Appen shares dropped a long way from yesterday’s pre-leak highs, but steadied throughout the afternoon after the impossibly poorly-timed Appen AGM – today – heard from the folks up top, who appear to have made all the right noises to calm investors spooked by the disaster unfolding last might.
Finder Energy’s (ASX:FDR) JV partner has drilled a duster at the ‘Kanga-1’ well, offshore WA (FDR 15%).
“Whilst this is a disappointing result, Finder has a high quality and valuable portfolio of drill ready prospects in both the North West Shelf and North Sea, and we remain confident that our portfolio will deliver a material discovery,” FDR boss Damon Neaves says. “Our farmout strategy ensured that Finder had minimal financial exposure in Kanga-1.”
With the bigger news dominating the small cap headlines, a few odds and ends have also blipped on our radars today. First up is a price spike for B2B data intelligence and solutions company Invigor Group. Invigor’s price jumped more than 57% today, with the only recent announcement for the company being the appointment of Mr Thierry Manor (the company’s Chief Operating Officer) as Joint Company Secretary. We’ll let you know when we’ve wrapped our heads around it.
Meanwhile Compumedics (ASX:CMP) says its sales figures are set to look pretty sweet, with an 8% increase in sales revenue compared to the last financial year, bringing the total to $38 million, with expected revenue of $35 million and an EBITDA of $2.6 million. The company is doing a ton of work in the medical tech space with its sleep, brain and ultrasonic blood-flow monitoring applications.
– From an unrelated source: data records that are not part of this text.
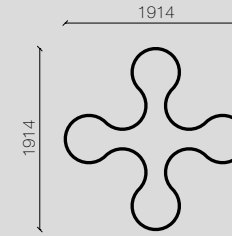

custom_01
ECLCU01 € 1.969,00
bronze/ bronzo
ECLCU01NE € 1.969,00
black/ nero
ECLCU010 € 2.093,00
brushed gold/ oro spazzolato

41W LED 3000°K
4.014 lm

custom_02
ECLCU02 € 2.726,00
bronze/ bronzo
ECLCU02NE € 2.726,00
black/ nero
ECLCU020 € 2.898,00
brushed gold/ oro spazzolato

56W LED 3000°K
5.558 lm

custom_03
ECLCU03 € 3.104,00
bronze/ bronzo
ECLCU03NE € 3.104,00
black/ nero
ECLCU030 € 3.301,00
brushed gold/ oro spazzolato

64W LED 3000°K
6.330 lm

custom_04
ECLCU04 € 3.861,00
bronze/ bronzo
ECLCU04NE € 3.861,00
black/ nero
ECLCU040 € 4.106,00
brushed gold/ oro spazzolato

80W LED 3000°K
7.874 lm

custom_13
ECLCU13 € 3.558,00
bronze/ bronzo
ECLCU13NE € 3.558,00
black/ nero
ECLCU130 € 3.784,00
brushed gold/ oro spazzolato

73W LED 3000°K
7.257 lm

custom_14
ECLCU14 € 7.116,00
bronze/ bronzo
ECLCU14NE € 7.116,00
black/ nero
ECLCU140 € 7.567,00
brushed gold/ oro spazzolato

147W LED 3000°K
14.514 lm

custom_15
ECLCU15 € 5.981,00
bronze/ bronzo
ECLCU15NE € 5.981,00
black/ nero
ECLCU150 € 6.360,00
brushed gold/ oro spazzolato

123W LED 3000°K
12.198 lm

custom_16
ECLCU16 € 11.885,00
bronze/ bronzo
ECLCU16NE € 11.885,00
black/ nero
ECLCU160 € 12.639,00
brushed gold/ oro spazzolato

245W LED 3000°K
24.241 lm

custom_05
ECLCU05 € 2.726,00
bronze/ bronzo
ECLCU05NE € 2.726,00
black/ nero
ECLCU050 € 2.898,00
brushed gold/ oro spazzolato

56W LED 3000°K
5.558 lm

custom_06
ECLCU06 € 3.861,00
bronze/ bronzo
ECLCU06NE € 3.861,00
black/ nero
ECLCU060 € 4.106,00
brushed gold/ oro spazzolato

80W LED 3000°K
7.874 lm

custom_07
ECLCU07 € 4.240,00
bronze/ bronzo
ECLCU07NE € 4.240,00
black/ nero
ECLCU070 € 4.508,00
brushed gold/ oro spazzolato

87W LED 3000°K
8.646 lm

And to end the week with a bit of a bang, Xtek (ASX:XTE) has got the Last Orders scarecrow pretty excited over its announcement of a $46 million purchase order from an unnamed international customer. It’s a massive deal for Xtek’s HighCom Armor Solution subsidiary and great news for shareholders – but the Stockhead office has been abuzz with speculation as to who this mystery customer is, while quietly murmuring “Please don’t be Russia… Please don’t be Russia…”
The following companies went into a trading halt today. They are expected to exit with news in the coming days:
Living Cell Technologies (ASX:LCT) – equity raising to be undertaken by way of an institutional placement
Alkane Resources (ASX:ALK) – initial mineral resource for the Boda project.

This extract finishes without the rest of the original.